Renumerates residue position of a PDB sequence to match the corresponding UniProt sequence
renum.pdb(pdb, chain, uniprot)
pdb the PDB ID or the path to a pdb file.
chain the chain of interest.
uniprot the UniProt ID.
Returns a dataframe containing the re-numerated sequence.
To use this function you will need MUSCLE installed in your computer.
The ptm package offers a set of ancillary functions aimed to carry out rutinary work, which may be needed when more elaborated analysis are required. Among these ancillary function are:
In many ocasions the numeration of the sequences coming from a PDB structure and its corresponding sequence from UniProt don’t match. When this happens it is useful to have a tool such as renum.pdb() that will re-numerate the residues for us.

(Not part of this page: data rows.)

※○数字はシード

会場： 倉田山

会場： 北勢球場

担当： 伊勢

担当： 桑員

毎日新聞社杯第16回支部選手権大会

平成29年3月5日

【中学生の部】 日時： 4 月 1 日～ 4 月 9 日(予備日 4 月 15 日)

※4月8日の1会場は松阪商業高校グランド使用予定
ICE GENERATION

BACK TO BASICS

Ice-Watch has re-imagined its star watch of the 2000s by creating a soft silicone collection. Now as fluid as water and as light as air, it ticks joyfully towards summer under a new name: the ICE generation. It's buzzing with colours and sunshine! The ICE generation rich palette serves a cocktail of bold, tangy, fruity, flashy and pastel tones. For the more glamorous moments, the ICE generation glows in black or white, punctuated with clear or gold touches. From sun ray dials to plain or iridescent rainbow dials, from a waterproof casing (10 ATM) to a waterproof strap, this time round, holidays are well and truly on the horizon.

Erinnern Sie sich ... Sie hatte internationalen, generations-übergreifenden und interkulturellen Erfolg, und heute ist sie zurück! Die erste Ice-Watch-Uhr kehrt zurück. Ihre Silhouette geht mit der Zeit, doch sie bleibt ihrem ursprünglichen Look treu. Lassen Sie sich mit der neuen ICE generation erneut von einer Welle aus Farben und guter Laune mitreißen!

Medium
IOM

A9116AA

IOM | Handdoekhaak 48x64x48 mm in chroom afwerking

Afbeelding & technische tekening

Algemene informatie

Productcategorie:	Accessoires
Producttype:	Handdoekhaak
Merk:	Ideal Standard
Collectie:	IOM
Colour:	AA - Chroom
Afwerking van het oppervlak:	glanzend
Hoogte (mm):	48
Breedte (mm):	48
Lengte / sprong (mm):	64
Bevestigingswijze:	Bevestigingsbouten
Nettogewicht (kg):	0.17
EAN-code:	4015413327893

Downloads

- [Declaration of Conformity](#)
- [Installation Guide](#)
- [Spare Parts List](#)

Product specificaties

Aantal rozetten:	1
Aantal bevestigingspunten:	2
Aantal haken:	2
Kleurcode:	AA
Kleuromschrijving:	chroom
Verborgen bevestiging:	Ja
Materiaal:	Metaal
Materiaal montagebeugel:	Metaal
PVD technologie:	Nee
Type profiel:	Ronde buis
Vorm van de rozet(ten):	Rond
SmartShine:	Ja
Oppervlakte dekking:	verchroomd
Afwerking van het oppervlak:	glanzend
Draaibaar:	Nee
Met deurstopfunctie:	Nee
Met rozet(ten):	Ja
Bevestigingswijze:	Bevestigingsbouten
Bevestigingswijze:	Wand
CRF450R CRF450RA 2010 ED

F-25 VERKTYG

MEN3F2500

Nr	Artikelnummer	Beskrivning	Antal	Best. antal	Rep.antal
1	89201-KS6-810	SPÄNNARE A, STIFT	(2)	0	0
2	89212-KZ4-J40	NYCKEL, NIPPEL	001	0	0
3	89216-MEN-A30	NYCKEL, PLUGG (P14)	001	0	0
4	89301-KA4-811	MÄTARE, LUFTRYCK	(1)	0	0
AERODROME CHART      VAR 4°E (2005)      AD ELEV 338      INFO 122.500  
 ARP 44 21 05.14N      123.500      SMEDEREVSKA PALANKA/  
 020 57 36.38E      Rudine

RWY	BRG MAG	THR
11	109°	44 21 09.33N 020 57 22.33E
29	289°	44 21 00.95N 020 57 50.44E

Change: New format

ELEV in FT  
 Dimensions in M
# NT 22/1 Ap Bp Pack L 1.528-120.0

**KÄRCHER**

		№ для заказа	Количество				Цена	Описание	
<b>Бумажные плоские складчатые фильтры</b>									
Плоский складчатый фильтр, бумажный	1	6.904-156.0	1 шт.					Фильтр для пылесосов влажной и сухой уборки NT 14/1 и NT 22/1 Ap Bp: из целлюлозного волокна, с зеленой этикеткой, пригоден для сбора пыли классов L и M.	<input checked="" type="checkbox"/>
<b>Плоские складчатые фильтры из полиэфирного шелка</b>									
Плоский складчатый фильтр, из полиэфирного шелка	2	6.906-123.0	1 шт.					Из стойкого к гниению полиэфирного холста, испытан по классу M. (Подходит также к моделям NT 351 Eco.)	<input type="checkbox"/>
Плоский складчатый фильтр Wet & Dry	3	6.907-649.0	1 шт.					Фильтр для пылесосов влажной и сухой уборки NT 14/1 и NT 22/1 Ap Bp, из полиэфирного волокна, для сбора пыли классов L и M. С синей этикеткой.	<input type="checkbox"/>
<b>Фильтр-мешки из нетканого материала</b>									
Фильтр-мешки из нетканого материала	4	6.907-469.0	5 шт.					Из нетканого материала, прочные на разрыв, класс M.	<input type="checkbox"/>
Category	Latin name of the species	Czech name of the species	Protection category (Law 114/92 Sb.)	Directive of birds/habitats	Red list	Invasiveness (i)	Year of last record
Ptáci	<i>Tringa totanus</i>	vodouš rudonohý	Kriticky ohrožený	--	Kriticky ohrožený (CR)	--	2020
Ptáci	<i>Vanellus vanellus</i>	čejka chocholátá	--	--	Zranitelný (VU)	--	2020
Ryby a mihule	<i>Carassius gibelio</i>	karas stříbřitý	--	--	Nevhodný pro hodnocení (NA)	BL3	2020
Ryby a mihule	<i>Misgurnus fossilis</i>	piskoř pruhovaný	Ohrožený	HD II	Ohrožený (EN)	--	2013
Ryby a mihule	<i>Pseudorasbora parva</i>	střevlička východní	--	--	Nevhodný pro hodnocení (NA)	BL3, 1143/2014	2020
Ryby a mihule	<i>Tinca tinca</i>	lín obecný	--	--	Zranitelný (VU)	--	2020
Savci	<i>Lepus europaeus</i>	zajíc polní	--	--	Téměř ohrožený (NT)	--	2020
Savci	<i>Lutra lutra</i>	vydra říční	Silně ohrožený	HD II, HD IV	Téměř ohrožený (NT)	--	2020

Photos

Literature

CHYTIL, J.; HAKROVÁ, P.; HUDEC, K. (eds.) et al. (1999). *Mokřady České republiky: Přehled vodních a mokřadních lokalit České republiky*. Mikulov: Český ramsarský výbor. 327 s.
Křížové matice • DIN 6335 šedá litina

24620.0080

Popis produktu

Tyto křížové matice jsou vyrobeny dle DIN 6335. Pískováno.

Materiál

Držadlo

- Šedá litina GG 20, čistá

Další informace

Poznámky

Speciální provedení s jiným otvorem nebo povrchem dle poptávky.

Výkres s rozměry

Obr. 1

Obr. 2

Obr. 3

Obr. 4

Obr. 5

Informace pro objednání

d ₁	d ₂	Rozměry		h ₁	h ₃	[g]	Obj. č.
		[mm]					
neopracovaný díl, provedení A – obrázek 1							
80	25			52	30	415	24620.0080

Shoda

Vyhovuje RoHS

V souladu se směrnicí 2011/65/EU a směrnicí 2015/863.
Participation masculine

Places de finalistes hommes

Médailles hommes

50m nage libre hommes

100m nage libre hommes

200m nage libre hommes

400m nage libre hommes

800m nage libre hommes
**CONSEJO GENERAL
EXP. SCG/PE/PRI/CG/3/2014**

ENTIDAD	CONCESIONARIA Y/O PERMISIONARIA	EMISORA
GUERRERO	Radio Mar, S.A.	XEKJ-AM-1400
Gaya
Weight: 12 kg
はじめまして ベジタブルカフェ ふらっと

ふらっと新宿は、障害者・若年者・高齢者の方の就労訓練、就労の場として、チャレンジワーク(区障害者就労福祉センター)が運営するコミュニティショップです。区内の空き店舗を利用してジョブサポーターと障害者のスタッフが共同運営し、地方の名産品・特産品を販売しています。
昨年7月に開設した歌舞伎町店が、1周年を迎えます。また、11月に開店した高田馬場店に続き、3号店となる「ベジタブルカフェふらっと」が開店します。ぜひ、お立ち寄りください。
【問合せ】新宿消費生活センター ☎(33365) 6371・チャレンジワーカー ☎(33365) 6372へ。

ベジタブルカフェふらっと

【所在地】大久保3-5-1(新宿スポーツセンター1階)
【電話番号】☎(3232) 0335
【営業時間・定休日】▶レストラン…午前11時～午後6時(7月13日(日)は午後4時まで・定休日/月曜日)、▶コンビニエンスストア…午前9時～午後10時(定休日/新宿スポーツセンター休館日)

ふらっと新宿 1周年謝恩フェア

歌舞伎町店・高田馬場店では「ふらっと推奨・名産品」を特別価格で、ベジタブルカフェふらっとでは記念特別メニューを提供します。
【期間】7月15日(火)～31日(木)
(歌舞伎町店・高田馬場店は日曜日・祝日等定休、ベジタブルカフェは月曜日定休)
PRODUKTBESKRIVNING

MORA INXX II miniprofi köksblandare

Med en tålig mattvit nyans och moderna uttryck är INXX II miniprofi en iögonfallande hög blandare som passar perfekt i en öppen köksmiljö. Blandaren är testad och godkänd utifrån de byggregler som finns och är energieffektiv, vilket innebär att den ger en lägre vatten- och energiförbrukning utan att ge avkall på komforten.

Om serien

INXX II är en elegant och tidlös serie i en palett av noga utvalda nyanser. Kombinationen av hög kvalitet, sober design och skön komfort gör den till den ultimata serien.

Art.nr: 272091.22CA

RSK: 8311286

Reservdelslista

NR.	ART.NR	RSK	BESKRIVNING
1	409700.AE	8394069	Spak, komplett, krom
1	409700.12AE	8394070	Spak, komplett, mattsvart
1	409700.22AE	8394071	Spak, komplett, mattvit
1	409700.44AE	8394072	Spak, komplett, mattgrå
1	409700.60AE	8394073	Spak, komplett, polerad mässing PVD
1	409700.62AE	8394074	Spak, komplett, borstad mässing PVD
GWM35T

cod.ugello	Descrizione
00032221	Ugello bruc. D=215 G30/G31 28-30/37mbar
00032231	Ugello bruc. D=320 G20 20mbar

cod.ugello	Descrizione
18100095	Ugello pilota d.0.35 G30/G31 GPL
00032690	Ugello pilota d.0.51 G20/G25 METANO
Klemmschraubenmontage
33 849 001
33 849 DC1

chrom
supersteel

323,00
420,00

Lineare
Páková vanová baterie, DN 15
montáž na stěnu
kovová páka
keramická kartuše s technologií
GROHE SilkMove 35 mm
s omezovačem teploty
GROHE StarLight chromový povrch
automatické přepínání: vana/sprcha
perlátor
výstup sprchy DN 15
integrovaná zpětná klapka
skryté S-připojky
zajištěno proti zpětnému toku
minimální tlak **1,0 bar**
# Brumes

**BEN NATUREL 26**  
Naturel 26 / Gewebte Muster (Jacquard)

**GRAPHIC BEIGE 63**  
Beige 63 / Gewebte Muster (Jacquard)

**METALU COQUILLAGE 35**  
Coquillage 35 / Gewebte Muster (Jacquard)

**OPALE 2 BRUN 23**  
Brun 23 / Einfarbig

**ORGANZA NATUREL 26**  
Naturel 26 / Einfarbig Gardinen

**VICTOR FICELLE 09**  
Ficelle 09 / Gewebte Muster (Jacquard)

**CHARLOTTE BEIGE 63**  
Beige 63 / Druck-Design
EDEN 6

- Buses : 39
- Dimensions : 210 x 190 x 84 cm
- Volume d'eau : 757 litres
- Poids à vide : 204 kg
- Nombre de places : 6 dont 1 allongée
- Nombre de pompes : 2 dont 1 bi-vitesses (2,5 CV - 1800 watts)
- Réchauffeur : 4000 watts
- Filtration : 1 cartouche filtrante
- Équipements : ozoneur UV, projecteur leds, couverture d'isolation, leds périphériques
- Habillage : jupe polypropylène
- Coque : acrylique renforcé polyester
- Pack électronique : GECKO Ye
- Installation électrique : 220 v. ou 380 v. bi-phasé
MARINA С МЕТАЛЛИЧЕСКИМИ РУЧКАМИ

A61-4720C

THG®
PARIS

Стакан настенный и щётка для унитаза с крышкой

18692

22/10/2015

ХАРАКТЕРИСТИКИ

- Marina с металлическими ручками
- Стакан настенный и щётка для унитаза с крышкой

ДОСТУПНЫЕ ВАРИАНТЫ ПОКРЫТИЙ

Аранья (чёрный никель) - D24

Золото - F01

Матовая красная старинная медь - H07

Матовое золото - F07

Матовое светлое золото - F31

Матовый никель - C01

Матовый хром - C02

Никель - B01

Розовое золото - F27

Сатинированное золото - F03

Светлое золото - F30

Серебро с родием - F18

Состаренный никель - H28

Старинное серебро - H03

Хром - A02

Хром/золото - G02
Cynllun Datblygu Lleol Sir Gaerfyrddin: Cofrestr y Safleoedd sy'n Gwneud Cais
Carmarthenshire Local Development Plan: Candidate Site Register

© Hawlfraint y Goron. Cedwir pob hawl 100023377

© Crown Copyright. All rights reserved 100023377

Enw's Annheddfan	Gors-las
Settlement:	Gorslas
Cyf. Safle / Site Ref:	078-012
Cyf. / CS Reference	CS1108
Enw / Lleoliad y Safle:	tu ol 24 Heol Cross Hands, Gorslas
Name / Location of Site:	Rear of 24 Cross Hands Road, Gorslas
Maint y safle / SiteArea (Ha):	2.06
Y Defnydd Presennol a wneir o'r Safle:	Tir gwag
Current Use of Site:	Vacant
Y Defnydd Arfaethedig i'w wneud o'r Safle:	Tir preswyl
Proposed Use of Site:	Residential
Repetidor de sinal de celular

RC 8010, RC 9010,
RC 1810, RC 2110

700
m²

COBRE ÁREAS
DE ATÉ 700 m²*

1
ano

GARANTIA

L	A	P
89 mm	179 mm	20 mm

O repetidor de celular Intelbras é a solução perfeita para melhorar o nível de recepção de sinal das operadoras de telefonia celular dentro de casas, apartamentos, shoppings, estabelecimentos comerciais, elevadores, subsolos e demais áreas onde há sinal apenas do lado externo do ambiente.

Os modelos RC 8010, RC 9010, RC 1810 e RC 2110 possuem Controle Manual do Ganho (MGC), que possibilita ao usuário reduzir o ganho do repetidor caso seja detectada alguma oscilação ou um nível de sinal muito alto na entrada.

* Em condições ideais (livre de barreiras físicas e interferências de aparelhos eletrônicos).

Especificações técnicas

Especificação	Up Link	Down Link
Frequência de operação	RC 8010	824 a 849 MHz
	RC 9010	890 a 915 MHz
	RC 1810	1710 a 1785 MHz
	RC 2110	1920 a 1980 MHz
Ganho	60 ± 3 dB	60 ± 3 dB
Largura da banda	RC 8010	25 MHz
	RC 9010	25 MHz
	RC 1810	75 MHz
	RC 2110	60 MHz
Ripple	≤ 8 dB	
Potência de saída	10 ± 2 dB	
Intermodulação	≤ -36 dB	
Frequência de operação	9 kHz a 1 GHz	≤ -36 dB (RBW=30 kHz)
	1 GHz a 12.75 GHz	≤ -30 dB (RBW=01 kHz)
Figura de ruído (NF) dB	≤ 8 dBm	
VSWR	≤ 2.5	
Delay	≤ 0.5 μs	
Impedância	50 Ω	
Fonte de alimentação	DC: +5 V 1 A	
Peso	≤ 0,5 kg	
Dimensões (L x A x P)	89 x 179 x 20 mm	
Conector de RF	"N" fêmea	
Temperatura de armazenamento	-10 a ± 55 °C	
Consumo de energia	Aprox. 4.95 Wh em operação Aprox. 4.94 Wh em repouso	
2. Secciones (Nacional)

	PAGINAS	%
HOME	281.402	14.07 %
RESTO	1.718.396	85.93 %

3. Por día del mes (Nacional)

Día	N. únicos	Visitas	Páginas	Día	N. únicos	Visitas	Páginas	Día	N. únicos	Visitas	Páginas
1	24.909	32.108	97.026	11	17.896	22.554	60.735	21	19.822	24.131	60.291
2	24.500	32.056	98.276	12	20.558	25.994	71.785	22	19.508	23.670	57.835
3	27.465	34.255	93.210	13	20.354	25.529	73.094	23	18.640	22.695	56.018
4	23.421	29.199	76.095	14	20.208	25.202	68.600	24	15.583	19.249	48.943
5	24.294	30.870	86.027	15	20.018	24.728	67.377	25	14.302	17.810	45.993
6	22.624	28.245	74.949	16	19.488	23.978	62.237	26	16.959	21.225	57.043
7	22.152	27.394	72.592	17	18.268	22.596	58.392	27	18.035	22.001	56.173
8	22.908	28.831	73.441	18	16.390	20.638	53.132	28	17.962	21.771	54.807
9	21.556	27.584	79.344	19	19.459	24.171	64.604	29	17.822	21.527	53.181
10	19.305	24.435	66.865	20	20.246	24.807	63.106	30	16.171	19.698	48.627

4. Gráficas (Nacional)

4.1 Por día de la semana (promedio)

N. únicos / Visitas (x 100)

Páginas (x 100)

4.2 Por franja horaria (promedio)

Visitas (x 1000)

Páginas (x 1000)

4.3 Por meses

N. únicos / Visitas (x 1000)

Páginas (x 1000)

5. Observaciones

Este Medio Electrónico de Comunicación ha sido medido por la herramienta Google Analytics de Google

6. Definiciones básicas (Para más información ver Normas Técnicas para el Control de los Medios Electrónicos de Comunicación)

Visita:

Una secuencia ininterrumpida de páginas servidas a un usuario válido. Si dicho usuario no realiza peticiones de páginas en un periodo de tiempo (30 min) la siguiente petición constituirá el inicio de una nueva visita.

Let’s see an example using the protein alpha-1-antitrypsin as model. The mature form of the protein (sequence given by PDB) is formed by proteolytic cleavage of a precursor (sequence given by UniProt). Thus, the processed protein starts at the position 25 from the precursor. Furthermore, the first 23 residues of the mature form are not resolved in the structure given by 3CWM. Thus, the first residue in the 3CWM structure correspond to asparragine 48 in the UniProt sequence.
up_pdb <- renum.pdb(pdb = '3CWM', chain = 'A', uniprot = 'P01009') kable(up_pdb[43:53, ])
We can see that the function renum.pdb() has renumerated all the residues from the PDB structure to force them matching the UniProt numeration.